In general, visitor books contain a huge number of comments, which vary in their lengths. The order is mostly chronological. Sometimes, entries reference earlier entries. The visitor book's placement defines the entries’ thematic orientation: according to the memorial site's intention, the entries should allude directly to the visit or the exhibition's content. But contrary to interviews and surveys, the comments are not influenced by a research interest or the relation between interviewer and interviewee (Macdonald 2005, p. 122).
The opportunity to leave a comment offers four options of action. First, most visitors opt for no entry. Second, by signing their entry, visitors can identify themselves. Third, the entry can be addressed to a specific addressee, and fourth, visitors can allude to certain aspects or artifacts of the exhibition (Thurmair 2009, p. 42). Numerous entries are not specifically addressed but rather generally addressed to the curators, readers of the book, or authors of other entries. The comments are the authors’ written products and reflect the authors’ minds only partially (Glogner-Pilz 2019, p. 32). It lies in the visitor's discretion what information and reaction are to be shared. This is also influenced by the individual's ability to express.
One challenging aspect of visitor book analysis is the fact that sociodemographic data of the comments’ authors are rarely available, which renders correlation tests impossible (Macdonald 2005, p. 123). Likewise, visitors’ attitudes can be hard to ascertain. However, since there is no influence of the researcher on the visitors and entries are formulated spontaneously, visitor books constitute a fascinating resource for research on memorial sites’ effects on visitors. The visitor books’ representativeness is limited by low entry rates and missing sociodemographic information. But the huge number of entries over many years offers a wide range of opinions that vindicate a systematical analysis. The social psychologist Ulrich Müller supports the idea of analyzing museums’ and memorial sites’ visitor books and explains that considering social science aspects, visitor books provide an empirical material, whose limited representativeness is outweighed by a high concentration and intensity of reactions and emotions (Müller 2003, p. 39).
Despite being a special kind of text, analysis of visitor books does not differ fundamentally from that of other qualitative sources (Macdonald 2005, p. 123). When evaluating the former Dresden remand center's visitor books, I followed the approach taken by previous analyses of visitor books. Entries in German and English representing the majority of comments were taken into account. Comments such as “I-was-here” and visitor signatures were excluded. I digitalized all of the entries chronologically and categorized them according to their thematic focus. Entries were assigned to up to two thematic categories. In order to reflect the variety of entries, I adjusted the categories throughout the process of digitalizing. Due to the brevity of the entries (most entries are no longer than two to three lines), detailed coding of the entries was not necessary.

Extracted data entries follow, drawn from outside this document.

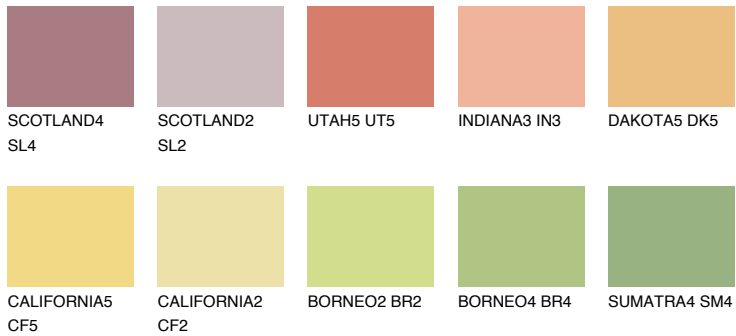

COLOUR DETAILS

KALAHARI4 KL4

59% TSR 64%

Matching colours

COLOURS

INTENSE

For more information on plasters and paints, go to www.ceresit.lv

*The presented colours refer to plasters and paints offered by Ceresit. Due to the use of digital techniques, the presented colours might not represent the original ones, thus they cannot be considered as a reliable colour presentation. We recommend checking the authentic colour samples.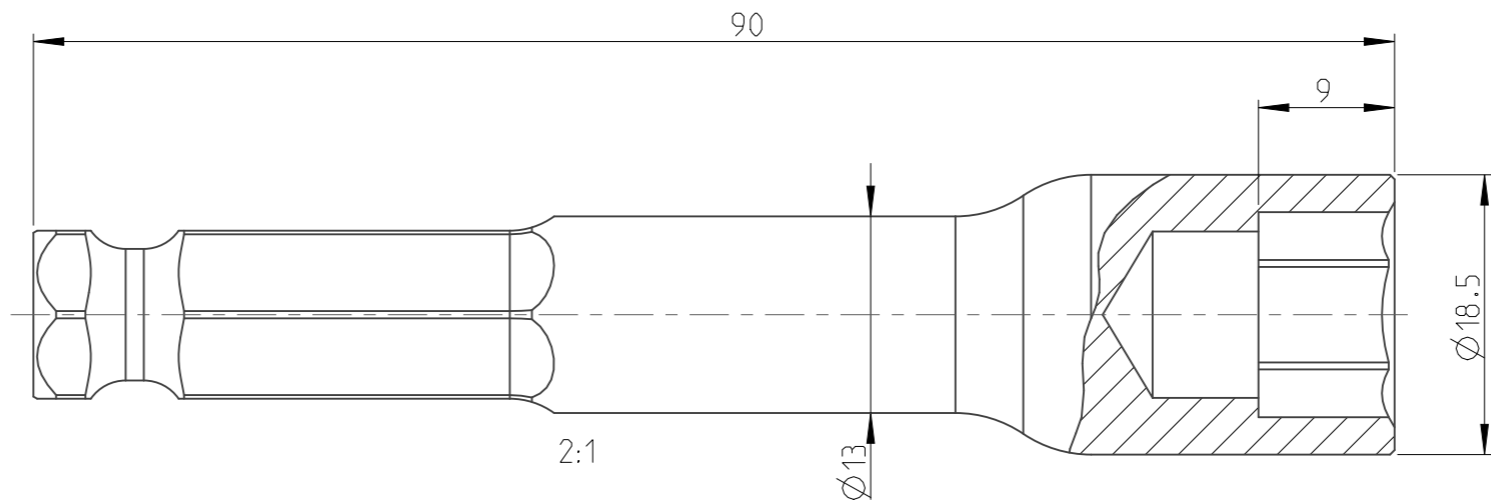

PART	402710112	Status	Released	Rev./Iter	1.1
Drawing	402710112	Status		Rev./Iter	1.1

1:1

proprietary document. Not to be used in any way without our consent.

SALTUS

Name	Nut setter-HEXE7/16"-L90-HEX12
Designation	4027 1011 12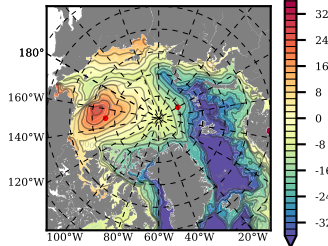

BCTGE28NEV401 mean FWC (m) over 1991

Mean FWC (m) from BG Obs Sys. (Proshutinsky et al. GRL2018) over year 2003-2017

Mean FWC (m) from Init State

BCTGE28NEV401 mean SSH anomaly

Mean DOT from Armitage et al. 2017 2003-2014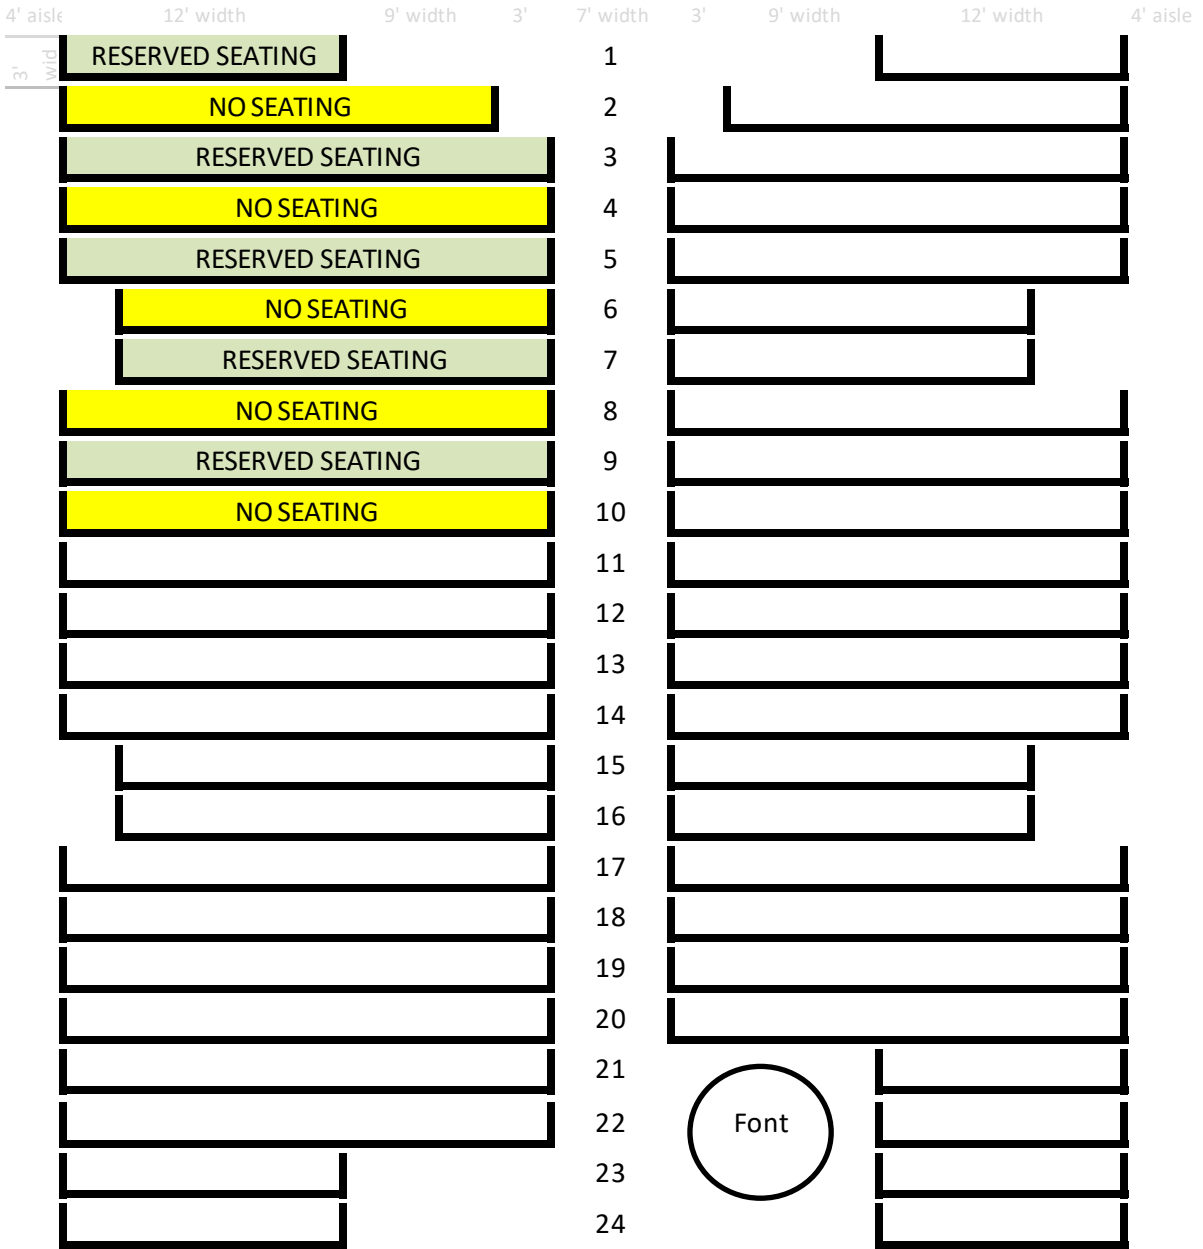

Sanctuary, Ambo and Altar

← exit

Entrance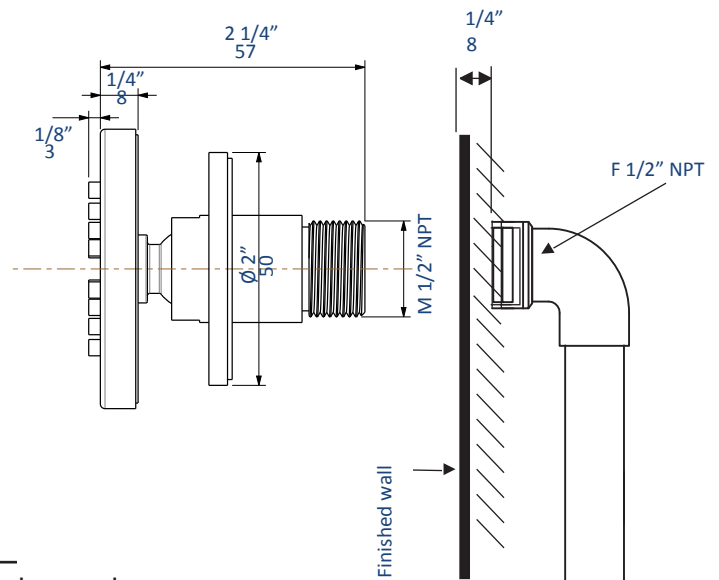

Features:

- Wall-mounted round body spray with escutcheon
- Fixed jet
- Weight: 1.1 lbs
- Flow rate 1.7 GPM at 43.5 psi

Finish Options:

- CR - Polished Chrome
- NI - Brushed Nickel
- PN - Polished Nickel
- BG - Brushed Gold
- 44 - Matte Black

Codes + Standards:

- Meets and exceeds applicable national codes

Recommend Accessories:

- Item #12340L: Built-in single-lever mixer with round escutcheon

LACAVA reserves the right to revise any dimension or information on this sheet without notice. Dimensions are nominal and may vary within an industry accepted tolerance of 1/4\"/>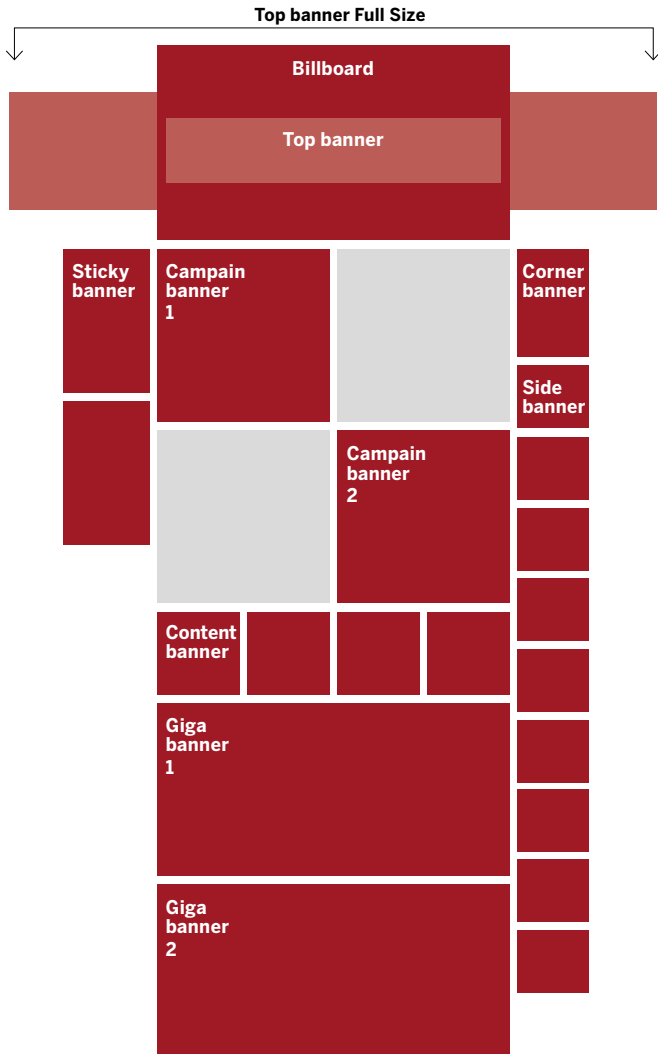

Format & Prices web/newsletter

Start page, prices per month

Top banner Full Size 1800x450 px, static, max 250 kb.....	SEK 29.500
Billboard 980x450 px, static or animated, max 150 kb.....	SEK 25.500
Top banner 930x180 px, static or animated, max 70 kb.....	SEK 12.500
Sticky banner 240x400 px, static or animated, max 90 kb.....	SEK 10.000
Corner banner 200x300 px, static or animated, max 70 kb.....	SEK 6.700
Side banner 200x175 px, static or animated, max 40 kb.....	SEK 2.100
Content banner 230x230 px, static, max 55 kb.....	SEK 3.750
Campaign banner 1 480x480 px, static or animated, max 75 kb.....	SEK 9.800
Campaign banner 2 480x480 px, static or animated, max 75 kb.....	SEK 8.800
Giga banner 1 1980x480 px, static or animated, max 150 kb.....	SEK 12.500
Giga banner 2 980x480 px, static or animated, max 150 kb.....	SEK 8.800

File types

Static jpg, animated gif, Html (zip-file) Script
All banners must be responsive. Animations should keep within 20 seconds.
Design of the ads included in the price.

Membership
SEK 6.800/year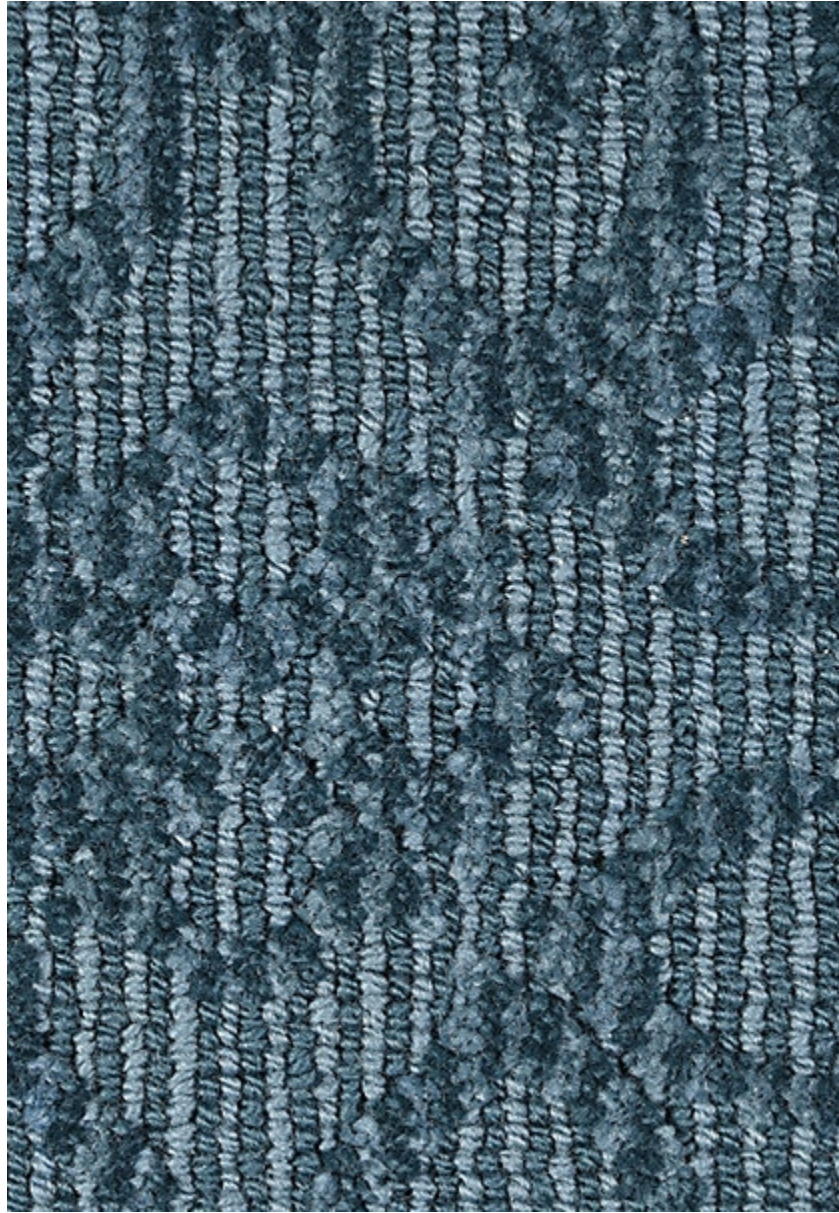

# STARK

## CARPET & RUGS

AVAILABLE IN 9 COLORWAYS

### GEORGIOS - GATEHOUSE

SKU: MSLFF55CUT18772  
FULL WIDTH: 12 FT 0 IN  
CONSTRUCTION: TUFTED  
COMPOSITION: 100% NZ WOOL  
REPEAT: W: 12" X L: 12"  
ORIGIN: USA

Any size available made-to-order.  
Additional options available on request.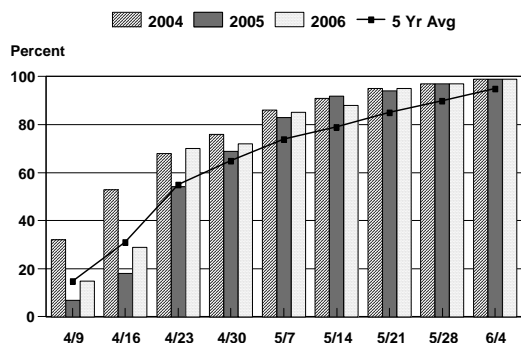

CROP PROGRESS - 2004, 2005, 2006 & 5 YEAR AVERAGE ^{1/}

CORN PLANTING PROGRESS

CORN HARVESTED PROGRESS

SOYBEAN PLANTING PROGRESS

SOYBEAN HARVESTED PROGRESS

WHEAT SEEDING PROGRESS

WHEAT HARVESTED PROGRESS

BURLEY TOBACCO SET PROGRESS

BURLEY TOBACCO CUT PROGRESS

^{1/} 5 year average is composed of 2000-2004 data.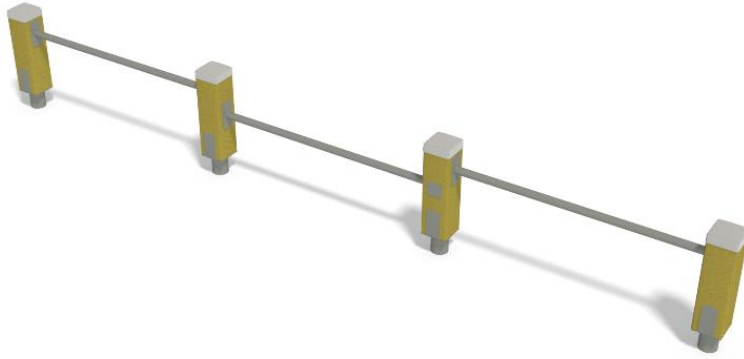

# PUSH-UP FOR THREE

Max. free fall height, mm	435
Safety info	EN 1176-1:2017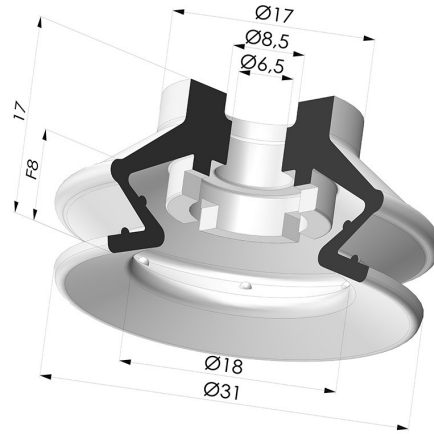

TECHNICAL INFORMATION

Range :	Suction cup
Category :	With bellows
Series :	97C
Height (in mm) :	17
Shape :	1.5 Bellows
Contact lip diameter :	31 mm
inner barrel diameter :	6.5mm
Number of bellows :	1.5 Bellows
Horizontal force :	31 N
Vertical force :	15.5 N
Arrow :	8 mm

Variants:

Variant reference:

97C 30PU A

- Color: Green / Yellow
- Matter: Polyurethane
- Shore Hardness: SH60 / SH30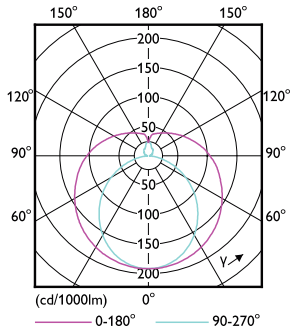

Ecofit Ledtubes T8

Photometric data

LEDtube 9W G13 900lm 2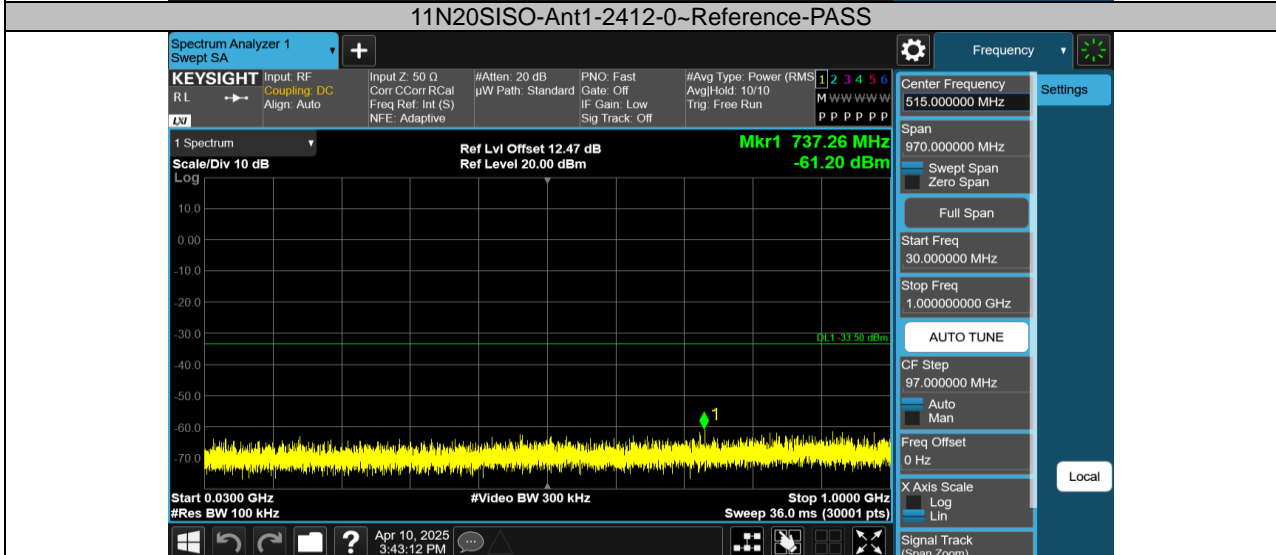

Test Graphs

11N20SISO-Ant1-2437-0~Reference-PASS

11N20SISO-Ant1-2437-30~1000-PASS

11N20SISO-Ant1-2437-1000~26500-PASS

***** END *****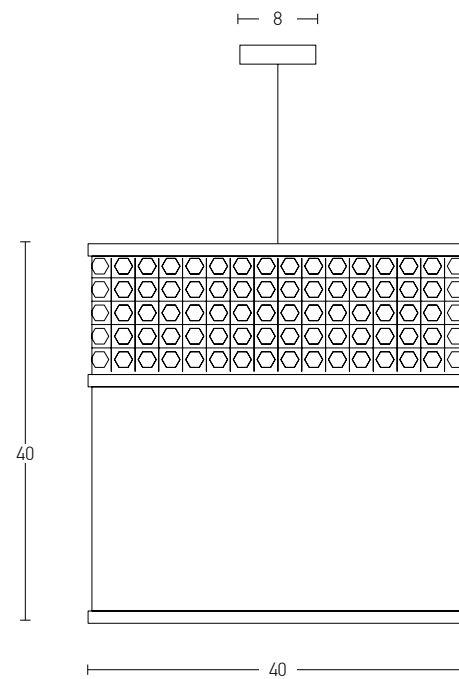

Bulb 1xE27
Power MAX 25W
Input 220-240V, 50/60Hz
Dimensions Ø: 40cm H: 40cm
Base Ø: 8cm H: 2cm
Material Metal - Bush - Burlap
Special Feature 150cm Cable Adjustable
Color Natural / **Code 20354**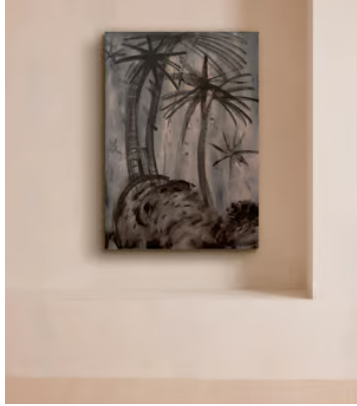

## 'Midnight Palms' by Yana Medow

£1,711 Regular price

£1,454 Member price

Mixed media in a limited colour palette creates the silhouette of palm trees swaying against the shimmer of stars in a black sky.

### About the artist

Yana Medow is a contemporary artist based in Madrid. Originally from St Petersburg, she graduated from Academy of Applied Arts as a painting restorer, before working as both an illustrator and graphic designer. Her abstract works have been exhibited around the world.

I analyzed five visitor books of the memorial site spanning the time period from December 2008 to January 2020. About 10% of the entries from the first visitor book (from December 2008 to August 2012) were written by people who identified themselves as former prisoners or their relatives. Later visitor books contain fewer such entries. A reason could be that people who already visited the memorial site probably will not visit again or, if so, they probably do not leave a second comment in the visitor book.
Overall, I found 91 entries by former Stasi prisoners, including 12 comments by their relatives since the memorial site opened. The entries’ lengths varied, but most authors wrote more than a short line with legible handwriting: It seems like they made an extra effort so that their message and thoughts are readable by others.
One comment was related to the time when the complex was in the hands of the Soviet occupation force. I tried to translate some of the visitor books’ comments so that one can get a better impression of how they appear. I am aware that translating these entries cannot transmit all of the original characteristics; therefore, you find the German comment in the footnotes for those of you who can understand it and can get an impression of the language used.
In these comments, I identified more sociodemographic information than in other comments: 72.5% of the statements indicated the authors’ gender. Among those who wrote a comment in these visitor books were 15 women, 40 men, and 11 couples or families. In addition, two thirds of the comments contain information about the time and/or period of arrest. This seems to be a piece of especially important information for the comments’ authors to let potential readers know their time of suffering in that remand center. Information about the authors’ age is scarce.
Before being used by the Stasi, the building complex was used by the Soviet occupation force as a prison center. Of the 10,000 people convicted by a Soviet court-martial in Saxony, many were sent to a labor camp in Workuta, Siberia, where they worked in the coal mines (Sieber and Thiel 2017, p. 20). One entry by a then 80-year-old former inmate bears witness to this ordeal in a brief summary.
Preserve this memorial site as a reminder to those who were spared from political detainment. Learn from the experience. Driven roughly 5,000 kilometers to Workuta. Minus 50°Celsius. Neither enough food nor clothing. About 70% of all inmates “kicked the bucket” in 40 coal mines in 12-hour shifts. Thank you to former federal chancellor Dr. Konrad Adenauer who secured the return of roughly 1,000 former prisoners of war and other detainees in 1955/56.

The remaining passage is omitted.